I also ordered a second lcWGS + Amplicon-Seq kit from basepaws for Bastu.  The mutation results and broad ancestry results were similar, but you can see differences in the exact values and top percentiles among technical replicates:


You can also see this report, which I submitted to FDA MedWatch.  However, please note that I do not believe that this was the right system for reporting for veterinary applications*.  I am following up to learn more, but I believe that you are supposed to fill out the PDF from this page and e-mail that to CVM1932a@fda.hhs.gov.  I think you may need to download the PDF, since it did not render correctly when viewed through my web browser.

To be fair, I wanted to compare the technical replicates compared at the same time.  While I think there are some noticeable improvements (such as providing a scale to switch to confident results and I think the percentiles have been removed), I think the point about the breeds might be even more clear:




You can see the top specific breed often changes.  I think some things are helped by switching to the confident assignments, even though that wasn't perfect.  I think seeing the top exotic result change between the confidence levels might help illustrate what I was saying about the problem with those assignments (such as the very rare Savannah):



I think there is still an issue with the chromosome painting (with the earlier problem explained below the footnotes), but it is the same issue that I encountered when I tried to run the analysis with public SNP chip data (which you can see at the middle of this post, for example).

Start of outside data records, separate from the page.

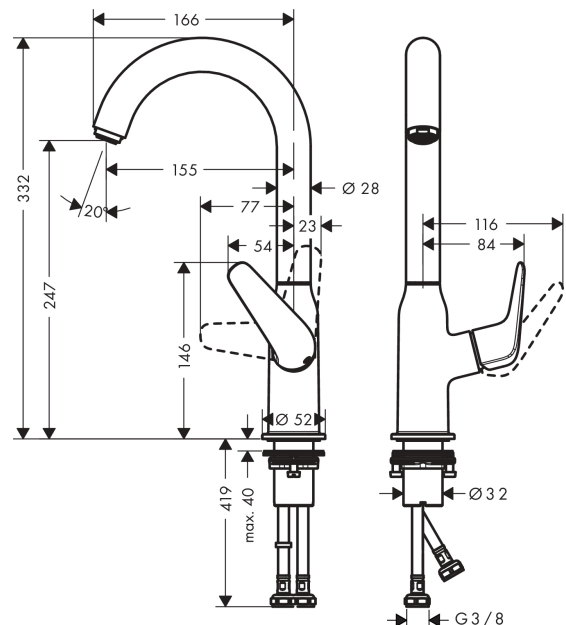

Novus

Páková umyvadlová baterie 240 s otočným výtokem, bez odtokové soupravy

Povrchové úpravy: **chrom** Číslo položky: **71128000**

Popis

Vlastnosti

- ComfortZone 240
- varianta rukojeti: páčka
- výtok 155 mm
- rozsah otáčení 120°
- druh proudu: normální proud
- maximální průtok při 0,3 MPa: 5 l/min
- vhodné pro průtokový ohřívač
- rozměr přívodů: DN15
- pozice páky na boku - není vhodné pro umývadlové mísy
- třída hlučnosti: I
- není součástí: odtoková souprava

Technologie

Ocenění za design

reddot award 2018
winner

GERMAN
DESIGN
AWARD
SPECIAL
2019

Obrázek výrobku

Kótovaný výkres

Průtokový diagram

- ① With flow limiter
- ② Bez zařízení omezovač průtoku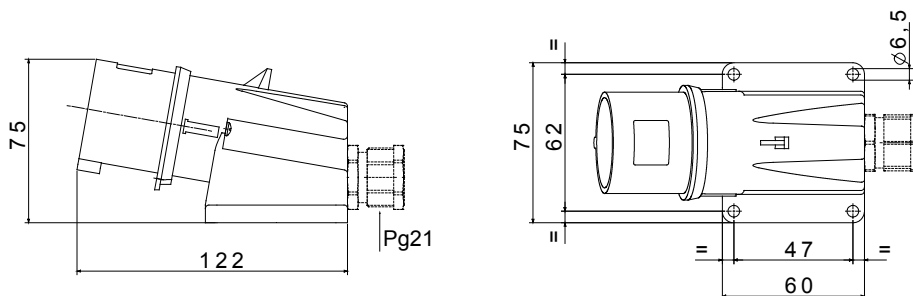

Une gamme de fiches et prises mobiles et fixes pour une utilisation industrielle, conforme aux normes dimensionnelles et de performance unifiées au niveau international (IEC 60309) et assimilées par les normes européennes (EN 60309) et normes françaises (NF EN 60309). Les prises et les fiches en courant nominal 63 et 125 A sont équipées d'une broche et d'une alvéole supplémentaires pour mettre en œuvre un dispositif de verrouillage électrique par contact pilote (CP). La gamme est complétée par les socles de connecteur à 90° et les socles de prise à 10° et 90°. Les alvéoles et les broches sont obtenues à partir d'une barre en laiton massif, type Pt. CuZn40Pb2 (Cu 58 %, Zn 40 %, Pb 2 %) ; bornes anti-desserrage avec vis imperdables et serre-câble intégré avec presse-étoupe anti-abrasion.

Coloris	Bleu	Courant nominal (A)	16
Indice de protection	IP44	Nombre de pôles	2P+T
Résistance aux chocs	IK08	Référence h	6
Tension nominale	200 - 250 V	Type	Socle de connecteur en saillie 90°
Fréquence	50/60 Hz	Capacité de serrage des bornes	1-2,5 mm ² fils souples - 1,5-4 mm ² fils rigides
Température d'utilisation	-25 +55 °C	Type de câble	À vis
Electrocod	2230	Test du fil incandescent	850 °C (parties actives) - 650 °C (parties passives)
Nombre total de manœuvres	> 5000	Surcharge admissible	22 A
Pouvoir de coupure à 1,1 Un	20 A	Résistance d'isolement	> 10 MΩ
Thermopression avec bille	125 °C (parties actives) - 80 °C (parties passives)		

DIMENSIONS

SYMBOLE TECHNIQUE

IP44

IK08

-25 +55 °C

À vis

GWT

850 °C (parties actives) - 650 °C (parties passives)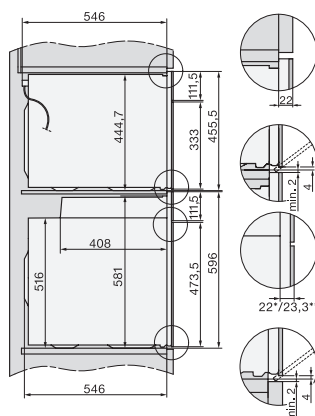

Globina aparata v mm	568
Teža v kg	38,0
Skupna priključna moč v kW	3,20
Napetost v V	220-240
Frekvenca v Hz	50
Zaščita v A	16
Število faz	1
Priključni kabel z omrežnim vtičem	•
Dolžina priključnega kabla v m	2,00
Zamenjava žarnice	Servisna služba
Priložena oprema	
Rešetka za peko in pečenje s prevleko PerfectClean	1
Termometer za živila s priključno vrvico	1
Stekleni pladenj	2

built-in H7000 BM build-under, installation drawings

installation H7000 BM, installation drawing

H226x-1 B/BP/E/EP/I/IP, H2760B/BP, H28x0B/BP, H7x40BM/BMX, H7x6x6/BP/BPX, installation drawings

side view H7000 BM build-under, installation drawings

H2xxx-1 B/BP/E/I/IP, H7xxx B/BP/BM/BMX, installation drawings

H2xxx-1 B/BP/E/I/IP, H7xxx B/BP/BM/BMX, installation drawings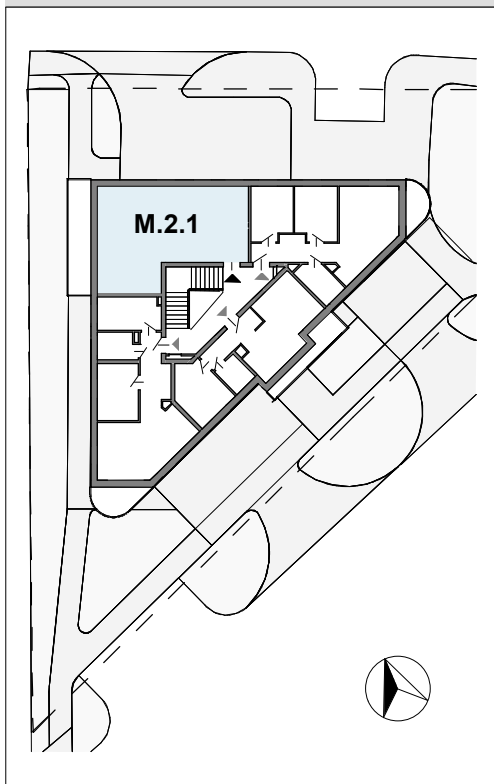

KRJ ŁOKIETKA 15

MIESZKANIE NR **M.2.1**

POW. UŻYTKOWA 56,25 m²

PIĘTRO 2

LICZBA POKOI 3

POW. BALKONU 11,42 m²

rzut mieszkania **M.2.1**

skala 1:100

lokalizacja mieszkania **M.2.1** w budynku

M.2.1

Zestawienie pomieszczeń mieszkania M.2.1

Numer	Nazwa	Powierzchnia
2.1.1	Przedpokój	9,00 m ²
2.1.2	Łazienka	4,48 m ²
2.1.3	Sypialnia	10,03 m ²
2.1.4	Sypialnia	8,23 m ²
2.1.5	Salon + Kuchnia	24,52 m ²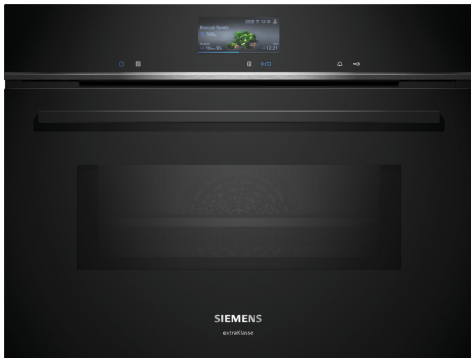

iQ700, Einbau-Kompaktbackofen mit Mikrowellenfunktion, 60 x 45 cm, Schwarz, Edelstahl CM776GMB1F

Der intelligente Backofen mit Mikrowellenfunktion führt dich dank Backofenassistent mit Sprachsteuerung intuitiv zu den richtigen Programmeinstellungen und nimmt dir dank activeClean die Reinigung ab.

Zusatzfunktion: Kombinationsbetrieb mit Mikrowelle
 Steuerung: elektronisch
 Abmessungen des Gerätes (H x B x T): 455x594x548 mm
 Abmessungen des Garraumes: 237.0 x 480 x 392.0 mm
 Länge Anschlusskabel: 150.0 cm
 Nettogewicht: 36.2 kg
 Bruttogewicht: 39.3 kg
 EAN-Nummer: 4242003961452
 Maximale Mikrowellenleistung: 900 W
 Anschlusswert: 3600 W
 Absicherung: 16 A
 Spannung: 220-240 V
 Frequenz: 50; 60 Hz
 Steckerart: Schuko-/Gardy mit Erdung
 Integriertes Zubehör: 2 x Kombirost, 1 x Universalpfanne

iQ700, Einbau-Kompaktbackofen mit Mikrowellenfunktion, 60 x 45 cm, Schwarz, Edelstahl CM776GMB1F

Backofentyp und Heizart

- Kompaktbackofen mit Mikrowelle mit 19 Beheizungsarten: 4D Heißluft, Ober-/Unterhitze, Umluftgrill, Großflächengrill, Kleinflächengrill, Pizzastufe, coolStart, separate Unterhitze, Sanftgaren, Vorwärmen von Geschirr, Warmhalten, Heißluft sanft, Ober-/Unterhitze sanft, Mikrowelle, 4D Heißluft + Mikrowelle, Ober-/Unterhitze + Mikrowelle, Großflächengrill + Mikrowelle, Kleinflächengrill + Mikrowelle, Umluftgrillen + Mikrowelle
- Zusätzliche Heizarten über die Home Connect App: Air Fry, Ruhen lassen, Vorwärmen
- Max. Power: 900 W; 5 Mikrowellen-Leistungsstufen (90 W, 180 W, 360 W, 600 W, boost) mit Inverter (MW)
- Intelligente Inverter-Technologie: die Maximal-Leistung wird bei längerem Betrieb bis auf 600 W reguliert
- Temperaturregelung von 30 °C - 300 °C
- Garraumvolumen: 45 l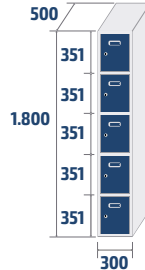

ECOC-30/4
COD: 83024
71,2kg · 1,08m³

ECOC-40/1
COD: 84021
25,7kg · 0,36m³

ECOC-40/2
COD: 84022
45,4kg · 0,72m³

ECOC-40/3
COD: 84023
65,1kg · 1,08m³

COMBINATIONS AND DIMENSIONS

ECOP SERIES

ECOP-25/1
COD: 82621
21,7kg · 0,22m³

ECOP-25/2
COD: 82622
38,4kg · 0,45m³

ECOP-25/3
COD: 82623
55,1kg · 0,67m³

ECOP-25/4
COD: 82624
71,8kg · 0,9m³

ECOP-30/1
COD: 83621
23,4kg · 0,27m³

ECOP-30/2
COD: 83062
40,9kg · 0,54m³

ECOP-30/3
COD: 83063
58,4kg · 0,81m³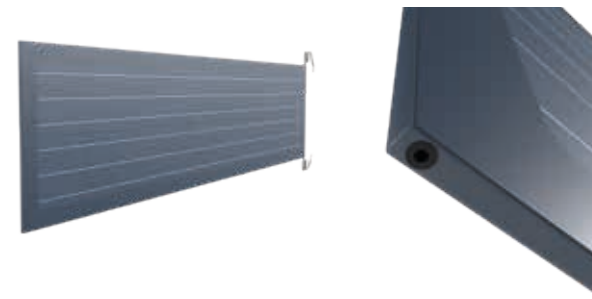

**MATGLAS INZETSTUK**H30cm Art.2535
H45cm Art.2536

HELIOS

Haal energie uit uw eigen tuin

Met de HELIOS modules, voorzien van zonnecollectoren, presenteert Fiberdeck® een belangrijke innovatie voor omheiningen en tuinschermen. U kunt ze tot zonnemodules combineren om zo energie op te wekken in uw eigen tuin. De zonnestralen worden door een unieke techniek verticaal opgevangen. Dankzij een innovatieve montage methode zijn de kabels onzichtbaar.

Fiberdeck®

ALU DECOPANELEN

BOSTON

Actuele prijzen

SOLARMODULE HELIOS

179 x 42,6 cm
Art.2851

Actuele prijzen

POORTFRAMES

De poort bestaat uit een aluminium frame dat kan worden gevuld met panelen, waardoor u uw poort kan afstemmen op uw BOSTON tuinscherm. Het horizontale kaderprofiel van de poort kan gemakkelijk worden ingekort en de poortbreedte past 100% in het BOSTON scherm.

Er zijn twee poortframes beschikbaar met een maximale breedte van 980 mm of 1200 mm. Deze veelzijdige frames kunnen zowel links- als rechtsdraaiend worden geïnstalleerd. Het slot is al in het frame geïntegreerd. Het BOSTON-poortbeslag bevat een korte aanslaglijst met een aanpasbare sluitplaat, twee klinken, een cilinderslot (met twee sleutels) en een grond- en paalbeugel.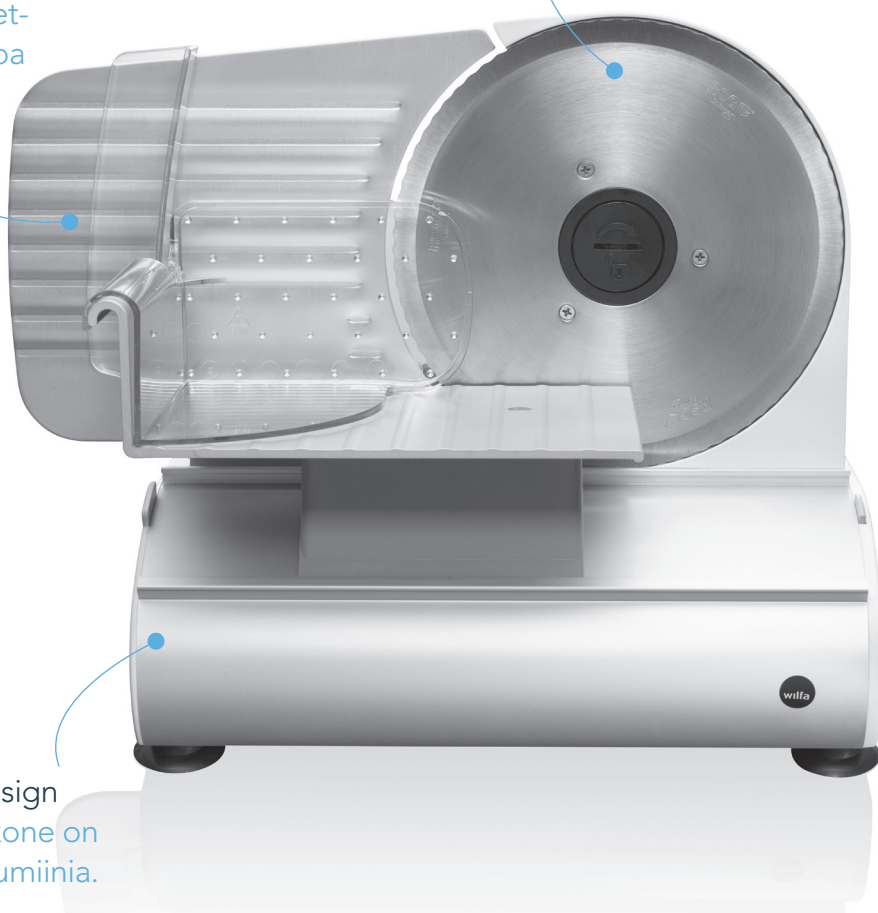

wilfa

in homes since 1948

Helppo puhdistaa  
Terä, syöttöalusta  
ja ohjain irrotet-  
tavissa helppoa  
puhdistusta  
varten.

Laadukas yleisterä  
Mukana laadukas ja  
kestävä, saksalaisesta  
ruostumattomasta teräksestä  
valmistettu yleisterä.

Säädettävä paksuus  
Leikkuupaksuus on  
säädettävissä 0-15 mm.

Kestävä design  
Viipalointikone on  
vankkaa alumiinia.

Viipaloi helposti  
lihaa, leipää ja  
juustoa!

## Viipalointikone Sharp

FS-200W

200 Wattia

Kestävää muotoilua, vankkaa alumiinia

Laadukas, ruostumaton yleisterä

Helppo puhdistaa

Säädettävä viipaleen paksuus 0-15 mm

Laitteen mitat (L/S/K): 37.5 x 25,5 x 27 cm

In general, it seems like the broad ancestry groups are more robust than the specific breeds.  However, I thought it might be interesting that Maine Coon was the top Western breed if the confident results are selected (which might have matched the PCA plots that I showed above).  That said, you can hover / click the specific breeds to see the chromosomes for each breed.  So, the only specific chromosome that is common between the 2 technical replicates was chrB4.  However, Bastu is a carrier for the M3 long-hair marker, which is on chrB1.  So, these particular reports are not providing evidence that you can identify a segment that is similar to Maine Coon basepaws customers that includes Bastu's 1 copy (out of the needed 2 mutated FGF5 genes to cause long hair) of the M3 mutation in the FGF5 gene.  Plus, this is not true for my 15x sequencing report (Russian Blue is above Maine Coon).

Again, to be fair, basepaws makes clear that you should expect reports to be updated.  So, as long as you realize this (and don't take any action based upon the lcWGS results), I think this should be OK.  

That said, the relatively greater contribution of "Western" ancestry was robust (with the UC-Davis results and my custom re-analysis of the raw higher coverage basepaws WGS data).  For example, with an earlier report, if you sum the "Western" (39.2%) and "Persian" (12.4%) contributions from basepaws (51.6% broader "Western"), that is similar to the K=4 ADMIXTURE analysis that I performed on Bastu's higher coverage data (65% Western ancestry).  I believe a 10-15% difference in ancestry estimates is relatively similar (and the conclusions are qualitatively the same).

I also had concerns about the use of percentiles, but I don't believe this is in the most recent reports.  However, this may be conceptually useful for discussions about things like Polygenic Risk Scores, so I moved that content below the footnotes.

Similarly, I also moved down the content related to the earlier smaller segments below the footnotes (which had a different problem).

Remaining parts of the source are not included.